Do both really support a 1-million-token context window?
Yes, both advertise a 1M-token context. DeepSeek also supports up to 384K output tokens, while Qwen3.7 Max caps output around 65K. Independent reviewers reported strong long-context recall from Qwen past the 800K mark.
Which is faster?
Qwen3.7 Max streams output faster — roughly 193 tokens/sec versus about 80 for DeepSeek V4-Pro in independent testing. DeepSeek has a slightly lower time-to-first-token, so it begins responding sooner, but Qwen completes long generations more quickly.
Are the benchmark scores trustworthy?
Treat them carefully. Many headline figures are vendor-reported and not yet independently reproduced. Neutral aggregators like Artificial Analysis give Qwen3.7 Max a higher composite Intelligence Index (57 vs 52), and a U.S. government evaluation (CAISI/NIST) found DeepSeek V4-Pro trails the leading U.S. models by about eight months overall.
Is Qwen3.7 Max actually smarter than DeepSeek V4?

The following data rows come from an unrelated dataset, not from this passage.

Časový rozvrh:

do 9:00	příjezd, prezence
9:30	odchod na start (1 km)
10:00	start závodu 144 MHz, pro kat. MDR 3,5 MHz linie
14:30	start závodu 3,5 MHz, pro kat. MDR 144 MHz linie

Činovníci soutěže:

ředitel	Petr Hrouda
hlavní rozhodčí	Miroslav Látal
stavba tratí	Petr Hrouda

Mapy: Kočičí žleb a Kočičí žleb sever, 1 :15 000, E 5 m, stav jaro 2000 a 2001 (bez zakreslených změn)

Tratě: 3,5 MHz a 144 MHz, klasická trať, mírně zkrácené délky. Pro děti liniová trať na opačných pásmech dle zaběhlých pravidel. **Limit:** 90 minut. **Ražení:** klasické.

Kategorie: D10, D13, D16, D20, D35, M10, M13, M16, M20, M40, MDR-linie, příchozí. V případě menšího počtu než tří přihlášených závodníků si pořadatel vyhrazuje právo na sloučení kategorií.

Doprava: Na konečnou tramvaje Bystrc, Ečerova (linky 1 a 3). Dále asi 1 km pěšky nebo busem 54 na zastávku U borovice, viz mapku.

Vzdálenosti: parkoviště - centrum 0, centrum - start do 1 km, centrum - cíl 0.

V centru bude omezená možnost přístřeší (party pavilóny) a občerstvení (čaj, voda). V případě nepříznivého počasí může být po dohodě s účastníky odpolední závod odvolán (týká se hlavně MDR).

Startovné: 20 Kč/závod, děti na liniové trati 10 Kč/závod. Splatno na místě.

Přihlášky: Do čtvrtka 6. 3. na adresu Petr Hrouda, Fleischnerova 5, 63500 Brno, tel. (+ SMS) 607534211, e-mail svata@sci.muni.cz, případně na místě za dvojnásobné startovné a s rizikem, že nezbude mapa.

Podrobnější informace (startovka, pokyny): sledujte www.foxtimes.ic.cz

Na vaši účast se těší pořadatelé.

On independent composite scoring, marginally — 57 vs 52 on the Artificial Analysis Intelligence Index. The difference is real but small, and it comes at a large price and openness cost. Whether those few points justify paying ~8x more depends entirely on your use case.
Bottom line
These two models are closer than the hype suggests. On the benchmark that matters most for engineers — SWE-bench Verified — they’re tied, and on general intelligence Qwen3.7 Max leads by a slim, independently confirmed margin. If quality alone decided it, Qwen would win on points.

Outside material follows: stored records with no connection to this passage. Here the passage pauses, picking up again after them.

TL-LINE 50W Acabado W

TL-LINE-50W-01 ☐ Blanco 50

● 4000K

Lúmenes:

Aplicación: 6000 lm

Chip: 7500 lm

But quality rarely decides it alone. DeepSeek V4 is open-weight, MIT-licensed, and 6–9x cheaper, which makes it the default for anyone who cares about cost, control, or running models on their own hardware. Qwen3.7 Max is the pick when you want the slightly smarter, much faster managed API and the budget isn’t the constraint. Most teams will reach for DeepSeek and only notice what they’re missing on the hardest agentic tasks — if they notice at all.